If you select the Rec-709 color profile without the filter in the new models (standard in older models) or profile off, you get a calibration that covers close to 100% of rec-709, without any of the large errors either. If it's undersaturated, you can usually get 100% of rec-709 by uploading and selecting a custom rec-709 color profile using the P3 filter (Rec-709-F). Again, a large LUT with this baseline wouldn't show any of the large errors you show in your paper.

So, to reiterate:

1) I don't understand your claim that "the JVCs use a BT2020 color profile that is forced". This simply isn't true.
2) I don't understand why you single the JVCs out as if they were producing some kind of horrible results, when they are actually producing excellent results, and the calibration you used in your paper would reproduce most UHD content without any issue if no 3D LUT is applied
3) Yes the issue is when applying a large 3D LUT that causes issues near the limit of the native gamut. It is good that Lightspace is making it easier to get good results in this situation, but please stop making it look like the JVCs are to be singled out.
4) If the above is incorrect, please post an example of a consumer display or projector under $10,000 that offers a BT2020 mode and does better than a recent JVC using the P3 filter.

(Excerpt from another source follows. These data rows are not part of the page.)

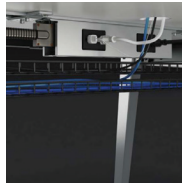

The AIS Oxygen bench system provides unparalleled aesthetic and functional flexibility for customers that aspire for a modern, open workplace environment.

Features

- Structural spine beam accommodates electrical needs.
- Easy access to power & data with integrated trough.
- Steel framework with telescoping rails.
- Freestanding and mobile storage pieces available.
- Rail system houses fabric screens, glass screens, monitor arms, task lights and accessories, maximizing space.
- Choice in aesthetics: straight, slim or slant leg options.
- Innovative storage elements to create privacy.
- Worksurface access boxes with flip top doors allow for easy access to electrical outlets, data jacks and USB hub storage. Worksurface access box provides access for up to 2 single gang devices, for as many as 12 data jack ports or other electronic port terminations such as HDMI or Co-axial.
- Expanded 8-wire multi-circuit powerway doubles outlet capacity and now provides access for up to 4 duplex outlets per seat, or as many as (8) 2.5 amp USB charging ports.
- Electrical jumpers match powerway and eliminate extra cable slack, cleaning up and simplifying cable management installation.
- Accessories include: pencil drawers, monitor arms, CPU holders and toolbars for paperflow elements.
- Simple to specify and install in the field, Oxygen saves time and money.

Straight Leg

Slim Leg

Slant Leg

Structural Spine Beam

Under Surface Power

Flip Top Worksurface
Access Box

Rail System

Toolbar & Paperflow
Accessories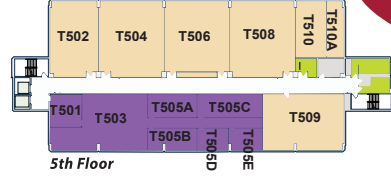

Racine Campus

Lincoln Building

Basement

Lake Building

Technical Building

Racine Building

- Bookstore
- Campus Security
- Learning Success Center
- Library
- Personal Needs Room
- Restroom
- SC Johnson Student Life Center
- Student Services
- Testing Services
- View on 5
- Open Entrances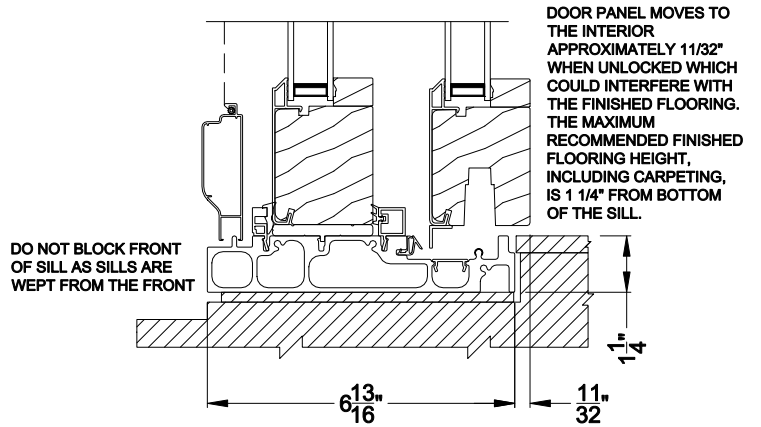

CONTEMPORARY SLIDING PATIO DOOR (8723)
Horizontal Section - 4 Panel

Note: All dimensions are approximate. Weather Shield reserves the right to change specifications without notice.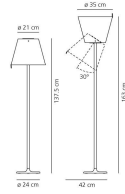

PRODUCT DATA SHEET

Melampo

Base in painted zamac; painted aluminium stem; diffuser in silk satin fabric on a plastic frame.

Aluminium Grey Black Natural

HALO Table

W	Dimensions	Luminous Flux (lm)	Color	Code	Product name
104 W	H 5.8 cm	1640 lm		0315010A	Melampo table - Alluminium
				0315030A	Melampo table - Black
				0315020A	Melampo table - Bronze Ecrù

HALO Floor

W	Dimensions	Luminous Flux (lm)	Color	Code	Product name
	H 137 cm	1640 lm		0123020A	Melampo floor - Bronze Ecrù
104 W	H 137 cm	1640 lm		0123010A	Melampo floor - Alluminium

HALO Wall

W	Dimensions	Luminous Flux (lm)	Color	Code	Product name
42 W	H 3.5 cm	630 lm		0721020A	Melampo wall - Bronze Ecrù with switch
				0720010A	Melampo wall - Alluminium
				0721010A	Melampo wall - Alluminium with switch
				0720020A	Melampo wall - Bronze Natural

I really suggest that you reword your paper, or at least provide more information about source, settings and models, as well as examples from other consumer projectors or consumer displays doing better in the same situation (I don't think you'll find any).

I think you should also illustrate that the JVCs, when targeting a gamut that doesn't exceed the target gamut, produce excellent results if the correct factory or custom color profile is selected. Otherwise, it means that you have an agenda or are not able to set them up properly.

Again, as it stands, this Lightspace paper is disingenuous and misleading, and technically incorrect. It seems to be designed to make the JVCs look bad, as if they all have large errors that need to be corrected. This is simply not true in most cases, provided you know how to set them up correctly, which a competent calibrator familiar with these units ( @Chad B , @Kris Deering and others) will be able to do.